→ Work instructions
Show every line below where "Royale" appears.

→ Materials provided
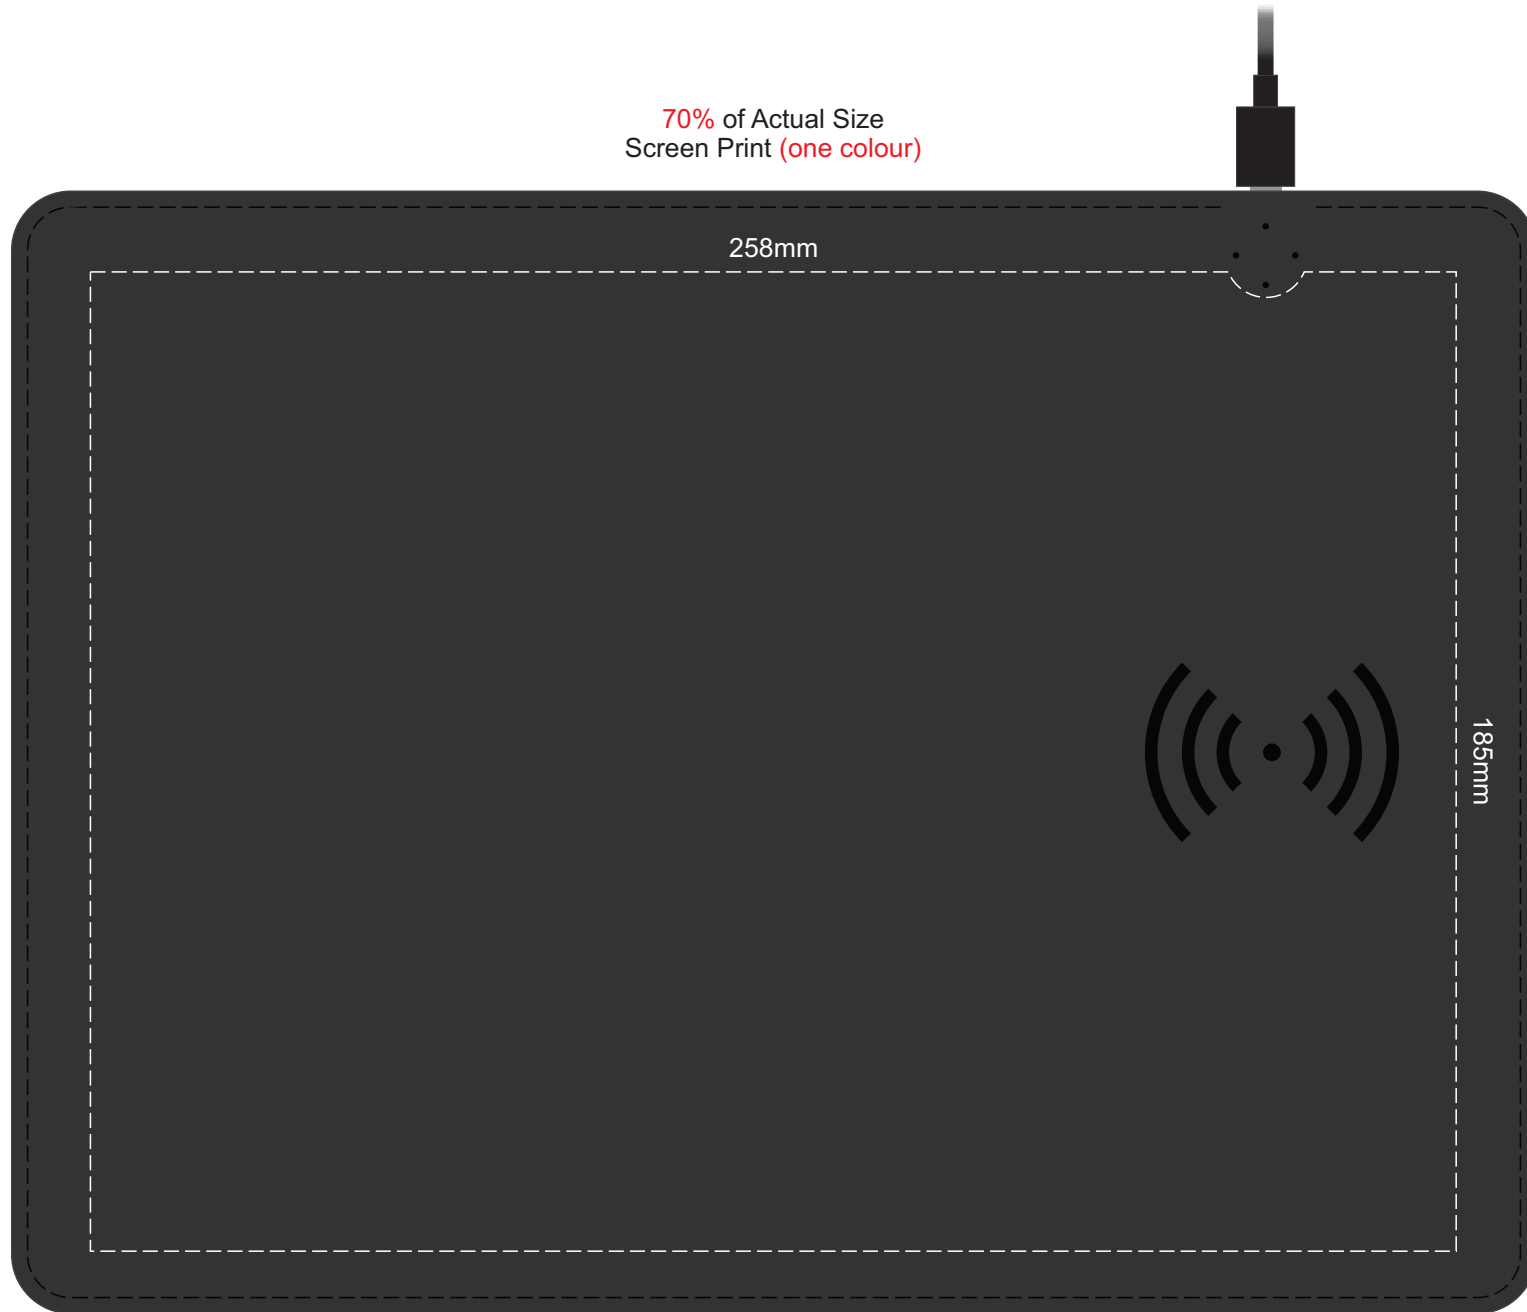

70% of Actual Size  
Pad Print

Branding area can be moved anywhere within the red line

70% of Actual Size  
Screen Print (one colour)

258mm

185mm

70% of Actual Size  
Direct Digital

Branding area can be moved anywhere within the red line

70% of Actual Size  
Debossing

Branding area can be moved anywhere within the red line
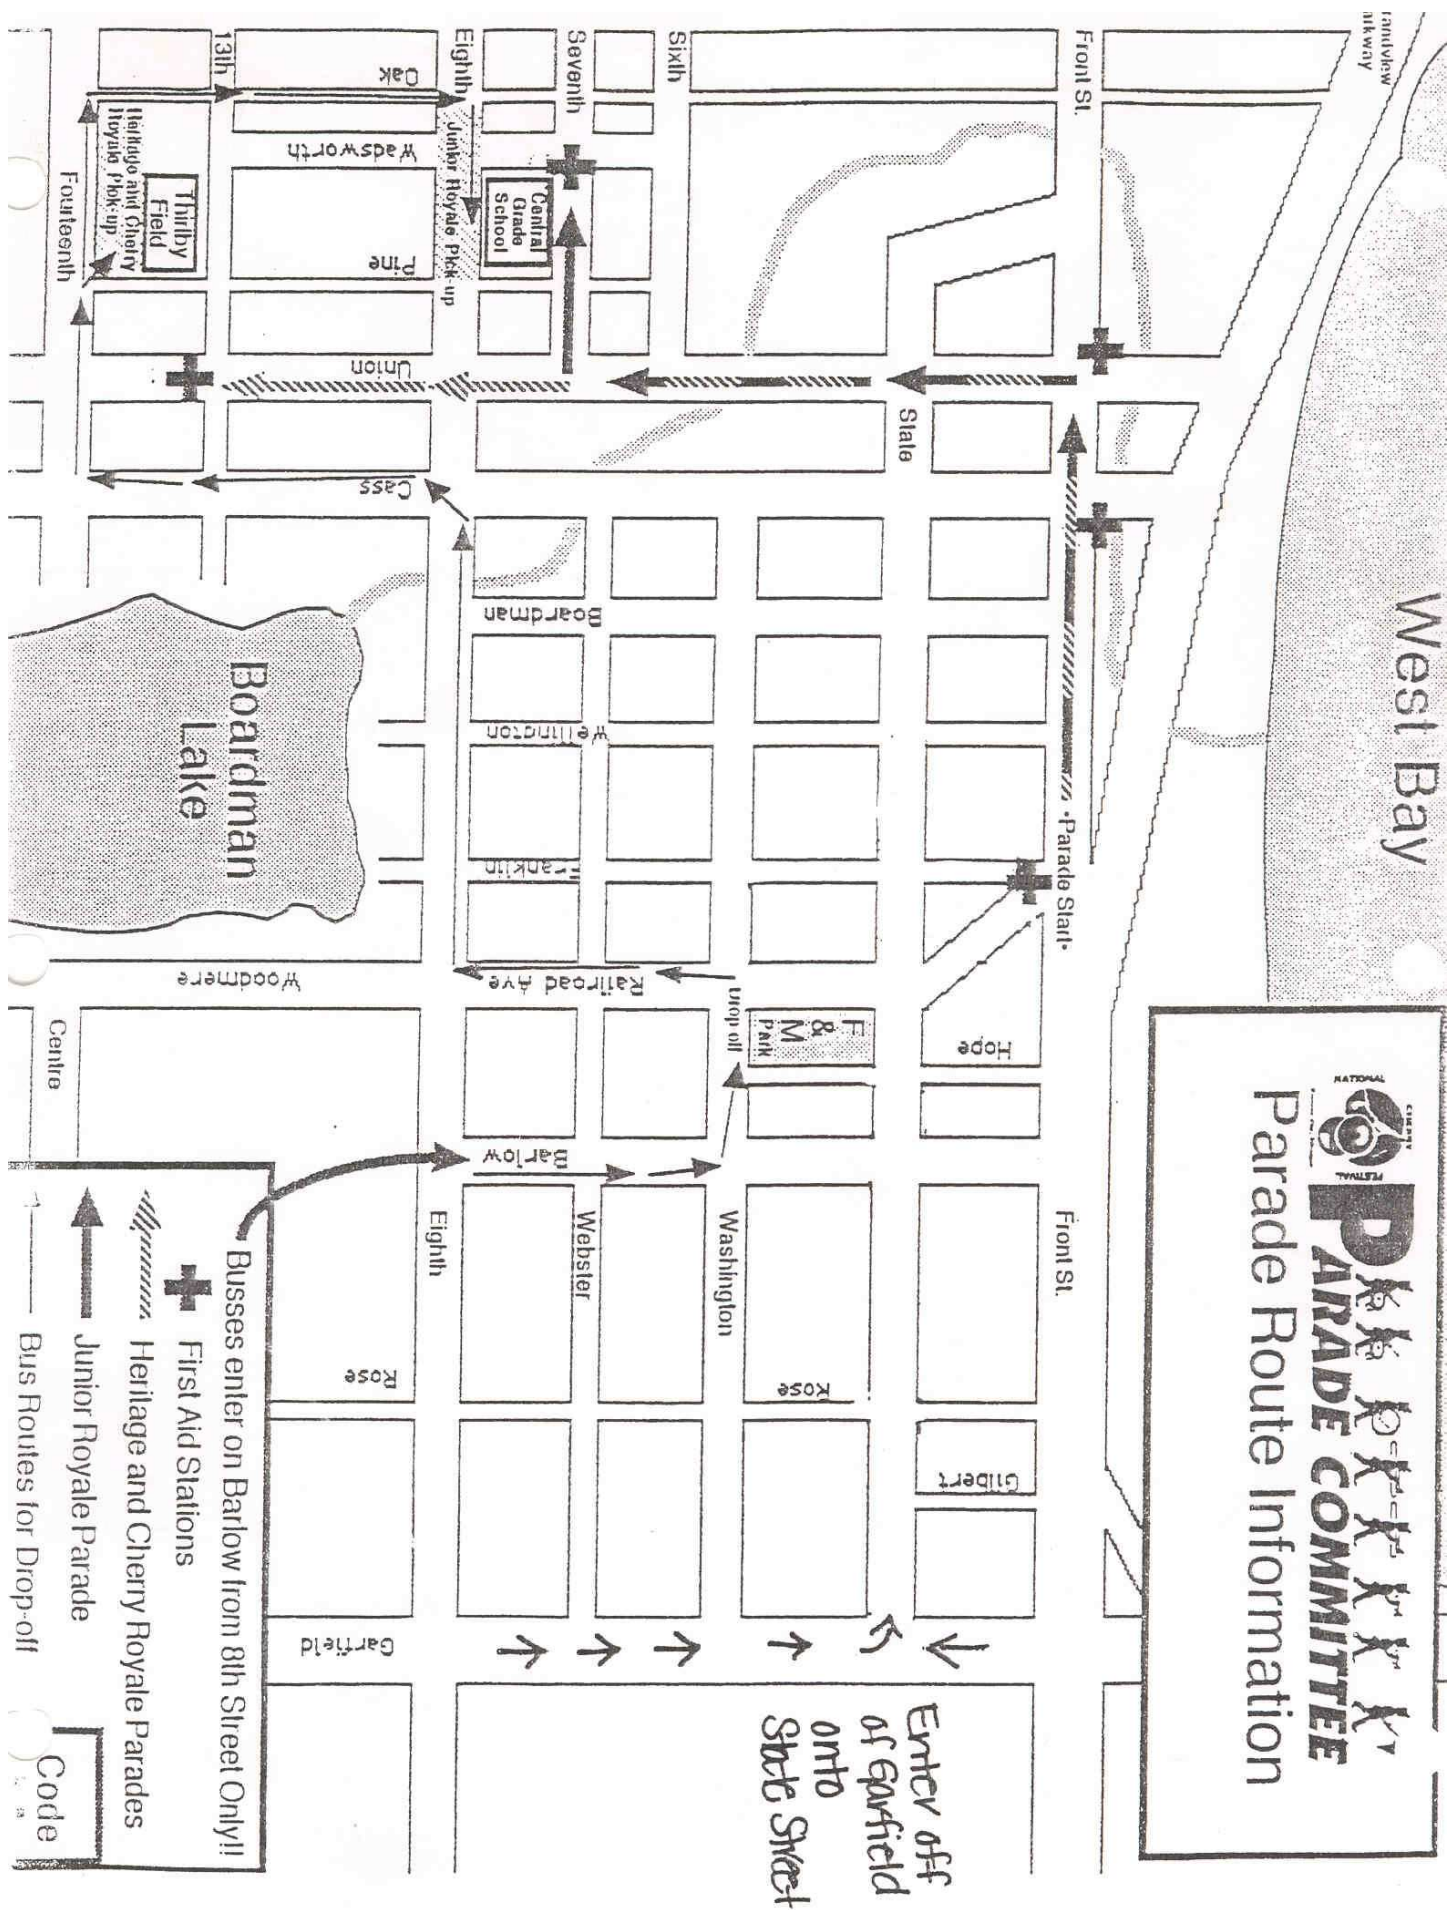

West Bay

NATIONAL PARADE COMMITTEE Parade Route Information

Enter off
of Garfield
onto
State Street

Buses enter on Barlow from 8th Street Only!!

First Aid Stations

Heritage and Cherry Royale Parades

Junior Royale Parade

Bus Routes for Drop-off

Code

→ Task answer
Heritage and Cherry Royale Parades
Junior Royale Parade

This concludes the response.